Task details - From the first line to the last, write out the records exactly, leaving the pictures behind.

Source records:
^^^^

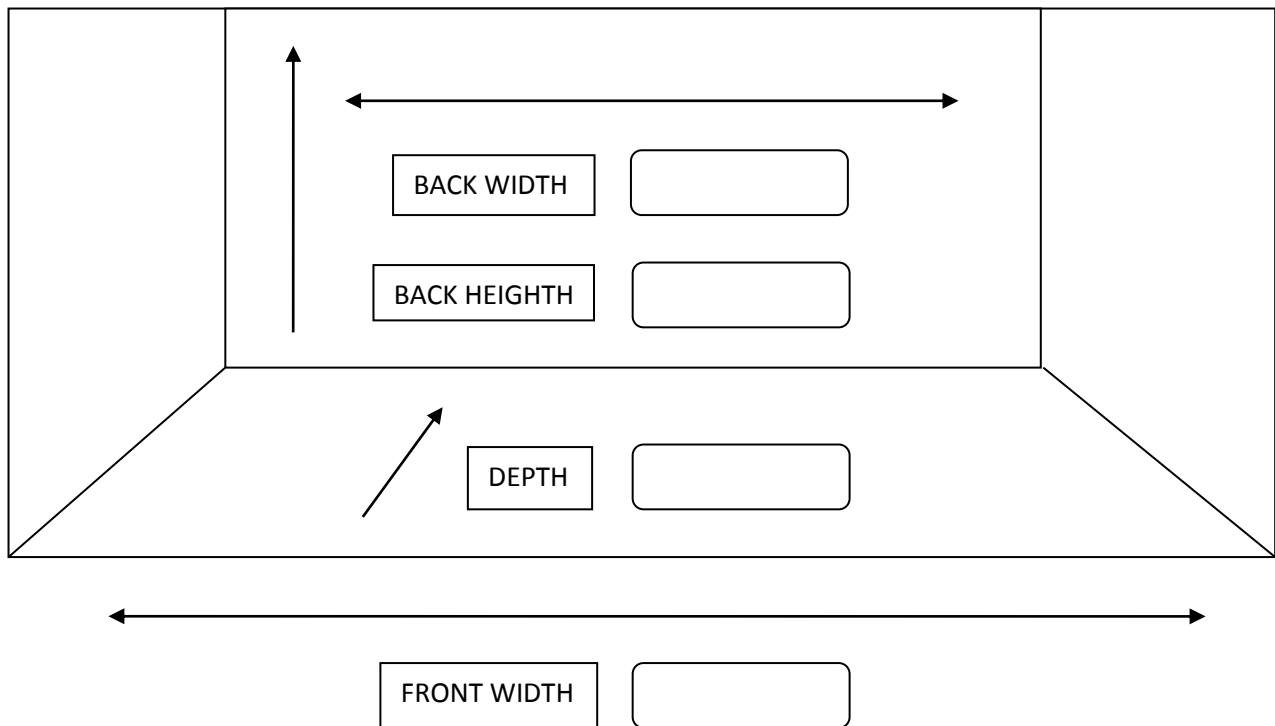

Webco Fireplace Distributing

12012 N. LAMAR BLVD AUSTIN, TX 78753

512-836-8476

www.webcoaustin.com

How to measure your fireplace:

GAS LINE LOCATION	LEFT	RIGHT
FUEL TYPE	NATURAL	PROPANE

NAME	
ADDRESS	
PHONE	
EMAIL	
SALESMAN

^^^^

Written response -
Webco Fireplace Distributing

12012 N. LAMAR BLVD AUSTIN, TX 78753

512-836-8476

www.webcoaustin.com

How to measure your fireplace:

GAS LINE LOCATION	LEFT	RIGHT
FUEL TYPE	NATURAL	PROPANE

NAME	
ADDRESS	
PHONE	
EMAIL	
SALESMAN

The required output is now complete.